Она не знала и не могла знать, что ее комната уже есть неотъемлемая от Раскольникова, священная часть его души. И не только потому, что там лежало на комоде Евангелие Лизаветы, ожидающее его прихода, но и потому еще, что там жил Богом ему ниспосланный ангел Хранитель — полюбившая идейного убийцу проститутка Соня. Неукротимое разрастание древа жизни невероятно и чудесно. Оно никак не считается с придуманной людьми моралью. Не моральными правилами созидается жизнь, но великим запасом любви и милосердия в сердцах людей, в природе и во вселенной. Тигрица, готовая пожертвовать собою ради своих детенышей, движима не моралью, она их любит, и это все.' А Дух дышит, где хочет.
Соня снимала комнату у некого портного Капернаумо- ва, косноязычного и хромого; его жена также была косноязычна. У них было семь человек детей. Старший, по словам Сони, заикался, а другие — просто больные...
Это смиренное убожество, эта евангельская фамилия щемят сердце и отражают собою жалкую приниженность и затаенное смирение Сони. Она не могла не очутиться в тесном соседстве с Капернаумовыми и именно в такой комнате, в какой она теперь жила.
Когда Достоевский сосредотачивает всё свое внимание на вещах, домах и квартирах, старательно и точно отражая их сущность, надо следить за малейшей деталью в описаниях, столь у него редких и скупых. Жилище Сони Достоевский описывает подробно потому, что оно не только снимок ее греховности, ее искаженного существования и душевных страданий, но еще и часть души Раскольникова, судьба которого теперь в Сониных руках. Правильно сказано у Бердяева, что женщины в творчестве Достоевского не имеют собственной судьбы, но зато определяют собою судьбу мужчин и в ней, замечу от себя, как бы растворяются.

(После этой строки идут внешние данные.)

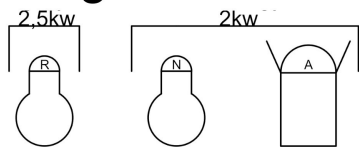

R: Robert Juliat Profiel
N: Niethammer Profiel
A: ADB PC

Комната Сони, говорит Достоевский, «была большая.., но чрезвычайно низкая, единственная, отдававшаяся от Ка- пернаумовых, запертая дверь к которым находилась в стене слева. На противоположной стороне, в стене справа, была еще другая дверь, всегда запертая наглухо. Там уже была другая, соседняя квартира, под другим нумером. Сонина комната походила как будто на сарай, имела вид весьма неправильного четырехугольника, и это придавало ей что-то уродливое. Стена с тремя окнами, выходившая на канаву, перерезывала комнату как-то вкось, отчего один угол, ужасно острый, убегал куда-то вглубь, так что его, при слабом освещении, даже и разглядеть нельзя было хорошенько; другой же угол был слишком безобразно тупой... поблизости от острого угла, стоял небольшой простого дерева комод, как бы затерявшийся в пустоте... Желтоватые, обшмыганные и истасканные обои почернели по всем углам; дожно быть, здесь бывало сыро и угарно зимой».
Какая печаль, какая мерзость запустенья/ И этот комод, стоящий как бы на грани небытия вблизи от ужасного острого угла, убегающего куда-то вглубь/ Кажется, вот еще один шаг и попадешь в мир потусторонних теней; отшатнись назад и очутишься в другом безобразно тупом углу, в его безысходности, отражающей Сонину душу, зашедшую в тупик. Но там, где Соня, там и Раскольников — ему также нет выхода, Соню привела в это серое жилище ее греховная жертвенность. Такая жертвенность неминуемо порождает встречу Сони с преступной гордыней, с носителем темной надменности — Раскольниковым.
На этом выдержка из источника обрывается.